## WORK INSTRUCTION
Wherever the string "Material" shows up in the data below, copy the whole line.

## Stored dataset items
-- Opening Marker --
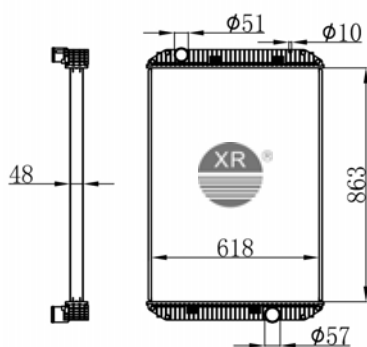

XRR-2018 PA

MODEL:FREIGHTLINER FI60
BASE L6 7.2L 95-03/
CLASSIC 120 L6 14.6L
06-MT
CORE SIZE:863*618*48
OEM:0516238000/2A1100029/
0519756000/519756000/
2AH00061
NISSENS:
-- Closing Marker --
-- Opening Marker --
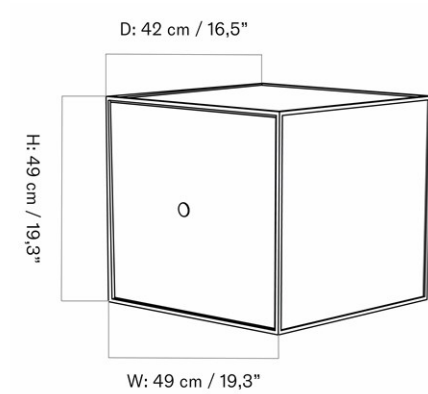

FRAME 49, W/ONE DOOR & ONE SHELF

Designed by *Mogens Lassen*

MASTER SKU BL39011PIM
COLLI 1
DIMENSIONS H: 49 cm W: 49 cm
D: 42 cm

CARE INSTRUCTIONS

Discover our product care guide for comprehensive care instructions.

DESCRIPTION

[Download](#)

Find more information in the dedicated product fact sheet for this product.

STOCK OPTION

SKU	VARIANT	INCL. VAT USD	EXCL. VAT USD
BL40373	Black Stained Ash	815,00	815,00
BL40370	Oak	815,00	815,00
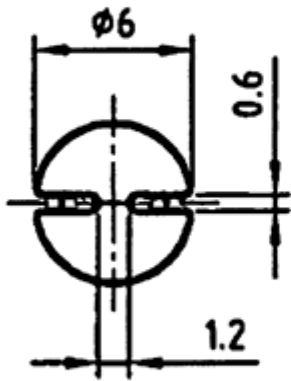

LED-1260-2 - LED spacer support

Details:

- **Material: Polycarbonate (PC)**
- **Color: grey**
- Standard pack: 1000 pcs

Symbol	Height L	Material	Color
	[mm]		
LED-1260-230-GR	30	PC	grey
-- Closing Marker --
-- Opening Marker --
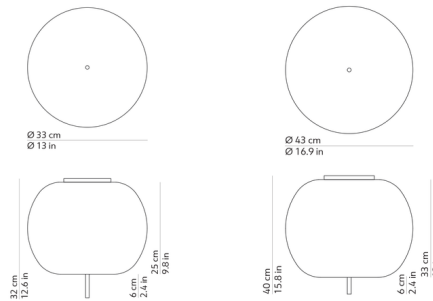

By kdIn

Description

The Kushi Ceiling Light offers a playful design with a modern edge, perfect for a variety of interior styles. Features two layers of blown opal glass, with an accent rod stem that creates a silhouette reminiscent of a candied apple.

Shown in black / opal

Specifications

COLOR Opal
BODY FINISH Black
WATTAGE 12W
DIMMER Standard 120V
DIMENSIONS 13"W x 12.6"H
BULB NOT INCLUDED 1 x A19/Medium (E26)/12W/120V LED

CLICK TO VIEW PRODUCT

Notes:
-- Closing Marker --
## ANSWER AREA
- **Material: Polycarbonate (PC)**
Symbol	Height L	Material	Color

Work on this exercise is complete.